Problem statement: Look through the records, and wherever the string "stříbrný" turns up, copy out that line.

Collected data entries:
Start of Block
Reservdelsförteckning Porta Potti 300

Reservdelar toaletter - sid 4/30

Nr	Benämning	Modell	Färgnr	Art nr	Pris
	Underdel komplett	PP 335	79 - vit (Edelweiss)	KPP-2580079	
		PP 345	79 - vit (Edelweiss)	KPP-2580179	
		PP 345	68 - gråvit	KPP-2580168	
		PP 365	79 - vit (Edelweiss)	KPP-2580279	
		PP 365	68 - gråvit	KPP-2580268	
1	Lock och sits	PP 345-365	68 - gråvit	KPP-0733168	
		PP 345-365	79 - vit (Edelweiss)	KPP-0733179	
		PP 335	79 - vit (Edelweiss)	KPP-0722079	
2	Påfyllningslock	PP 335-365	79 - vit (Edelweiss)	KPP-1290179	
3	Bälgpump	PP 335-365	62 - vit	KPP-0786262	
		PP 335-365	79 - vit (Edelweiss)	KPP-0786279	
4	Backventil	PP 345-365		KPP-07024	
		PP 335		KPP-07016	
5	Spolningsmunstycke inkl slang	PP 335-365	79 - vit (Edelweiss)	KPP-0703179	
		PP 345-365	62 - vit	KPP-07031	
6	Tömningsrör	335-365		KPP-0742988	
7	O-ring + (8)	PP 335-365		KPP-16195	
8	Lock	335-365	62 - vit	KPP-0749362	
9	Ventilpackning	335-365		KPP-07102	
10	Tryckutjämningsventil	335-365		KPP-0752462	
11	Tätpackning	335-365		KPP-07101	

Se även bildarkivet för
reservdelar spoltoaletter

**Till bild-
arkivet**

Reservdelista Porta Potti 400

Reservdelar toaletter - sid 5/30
End of Block
Start of Block
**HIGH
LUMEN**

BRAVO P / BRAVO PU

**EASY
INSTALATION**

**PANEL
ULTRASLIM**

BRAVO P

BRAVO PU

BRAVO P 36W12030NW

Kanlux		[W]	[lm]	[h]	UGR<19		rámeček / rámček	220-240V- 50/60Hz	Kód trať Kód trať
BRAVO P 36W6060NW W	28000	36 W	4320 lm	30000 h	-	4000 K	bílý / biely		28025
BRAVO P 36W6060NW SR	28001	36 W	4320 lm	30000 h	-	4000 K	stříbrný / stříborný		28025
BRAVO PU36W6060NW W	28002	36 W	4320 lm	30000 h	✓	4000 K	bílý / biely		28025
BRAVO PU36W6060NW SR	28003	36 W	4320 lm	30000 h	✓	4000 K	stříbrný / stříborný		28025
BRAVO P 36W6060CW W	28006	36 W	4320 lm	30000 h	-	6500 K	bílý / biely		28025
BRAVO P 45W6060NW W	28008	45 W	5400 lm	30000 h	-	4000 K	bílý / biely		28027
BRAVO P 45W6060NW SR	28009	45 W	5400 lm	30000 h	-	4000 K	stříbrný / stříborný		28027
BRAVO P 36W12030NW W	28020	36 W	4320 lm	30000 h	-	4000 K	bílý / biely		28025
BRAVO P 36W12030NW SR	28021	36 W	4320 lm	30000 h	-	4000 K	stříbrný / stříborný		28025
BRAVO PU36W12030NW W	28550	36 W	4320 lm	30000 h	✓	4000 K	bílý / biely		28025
End of Block
Written response:
BRAVO P 36W6060NW SR	28001	36 W	4320 lm	30000 h	-	4000 K	stříbrný / stříborný		28025
BRAVO PU36W6060NW SR	28003	36 W	4320 lm	30000 h	✓	4000 K	stříbrný / stříborný		28025
BRAVO P 45W6060NW SR	28009	45 W	5400 lm	30000 h	-	4000 K	stříbrný / stříborný		28027
BRAVO P 36W12030NW SR	28021	36 W	4320 lm	30000 h	-	4000 K	stříbrný / stříborný		28025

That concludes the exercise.